The task:
Copy every line from the data below in which the string "Shoulder" can be found.
** Opening Data supplied block **
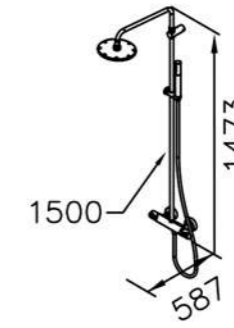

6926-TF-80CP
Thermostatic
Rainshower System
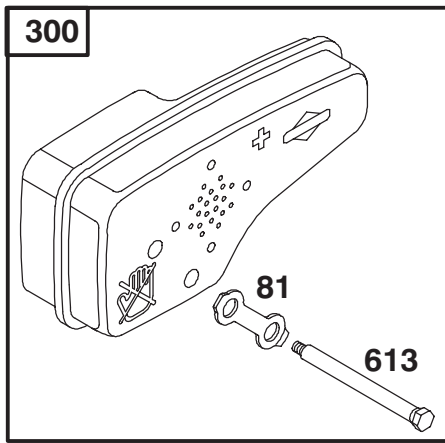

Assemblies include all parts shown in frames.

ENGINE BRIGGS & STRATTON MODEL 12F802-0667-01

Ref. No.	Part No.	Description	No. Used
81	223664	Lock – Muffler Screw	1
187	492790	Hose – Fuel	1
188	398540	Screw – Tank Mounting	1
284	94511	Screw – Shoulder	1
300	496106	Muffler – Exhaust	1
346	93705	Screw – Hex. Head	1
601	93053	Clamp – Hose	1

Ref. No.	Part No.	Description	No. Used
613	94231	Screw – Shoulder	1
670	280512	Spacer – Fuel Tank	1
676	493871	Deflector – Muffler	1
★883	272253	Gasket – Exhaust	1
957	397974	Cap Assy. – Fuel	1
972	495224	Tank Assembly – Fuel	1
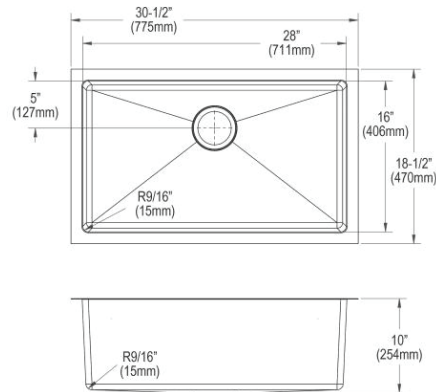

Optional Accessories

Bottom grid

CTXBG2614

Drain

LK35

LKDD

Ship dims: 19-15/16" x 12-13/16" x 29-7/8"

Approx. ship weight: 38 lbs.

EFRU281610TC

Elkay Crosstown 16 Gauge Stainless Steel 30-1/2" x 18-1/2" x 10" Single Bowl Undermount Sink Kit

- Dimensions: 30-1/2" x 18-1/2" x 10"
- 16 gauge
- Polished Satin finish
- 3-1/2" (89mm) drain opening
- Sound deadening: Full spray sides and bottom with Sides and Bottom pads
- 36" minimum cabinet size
** Closing Data supplied block **
** Opening Data supplied block **
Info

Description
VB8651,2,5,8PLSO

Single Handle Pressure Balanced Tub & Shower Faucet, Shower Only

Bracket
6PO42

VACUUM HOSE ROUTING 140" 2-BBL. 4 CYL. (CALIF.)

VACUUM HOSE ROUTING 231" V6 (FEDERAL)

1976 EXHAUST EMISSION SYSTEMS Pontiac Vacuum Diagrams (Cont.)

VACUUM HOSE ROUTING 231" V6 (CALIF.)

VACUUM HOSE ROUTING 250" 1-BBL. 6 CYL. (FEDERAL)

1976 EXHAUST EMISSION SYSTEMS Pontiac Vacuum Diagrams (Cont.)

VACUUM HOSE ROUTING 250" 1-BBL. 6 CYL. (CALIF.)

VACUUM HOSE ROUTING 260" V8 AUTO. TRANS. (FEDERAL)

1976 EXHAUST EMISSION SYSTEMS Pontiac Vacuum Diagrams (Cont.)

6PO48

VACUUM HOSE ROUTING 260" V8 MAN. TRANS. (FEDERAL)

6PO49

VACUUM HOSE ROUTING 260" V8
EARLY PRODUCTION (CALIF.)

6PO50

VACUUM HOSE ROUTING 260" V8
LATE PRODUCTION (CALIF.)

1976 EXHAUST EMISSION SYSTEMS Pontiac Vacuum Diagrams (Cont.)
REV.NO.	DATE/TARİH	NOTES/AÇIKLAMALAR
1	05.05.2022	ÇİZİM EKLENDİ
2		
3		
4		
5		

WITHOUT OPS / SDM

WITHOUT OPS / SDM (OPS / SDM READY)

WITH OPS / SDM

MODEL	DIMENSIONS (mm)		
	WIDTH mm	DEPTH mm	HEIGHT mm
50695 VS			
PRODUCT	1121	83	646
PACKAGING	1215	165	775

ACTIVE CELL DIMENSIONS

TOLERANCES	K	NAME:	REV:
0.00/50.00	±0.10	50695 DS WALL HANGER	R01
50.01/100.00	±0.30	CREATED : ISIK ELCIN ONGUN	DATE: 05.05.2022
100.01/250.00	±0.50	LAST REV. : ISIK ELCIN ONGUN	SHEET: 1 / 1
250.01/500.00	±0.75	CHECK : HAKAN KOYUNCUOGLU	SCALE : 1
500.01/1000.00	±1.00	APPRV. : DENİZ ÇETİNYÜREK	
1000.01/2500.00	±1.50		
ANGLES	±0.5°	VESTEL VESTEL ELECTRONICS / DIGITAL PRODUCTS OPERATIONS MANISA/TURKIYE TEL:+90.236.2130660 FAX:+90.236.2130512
** Closing Data supplied block **
Result for this exercise:
284	94511	Screw – Shoulder	1
613	94231	Screw – Shoulder	1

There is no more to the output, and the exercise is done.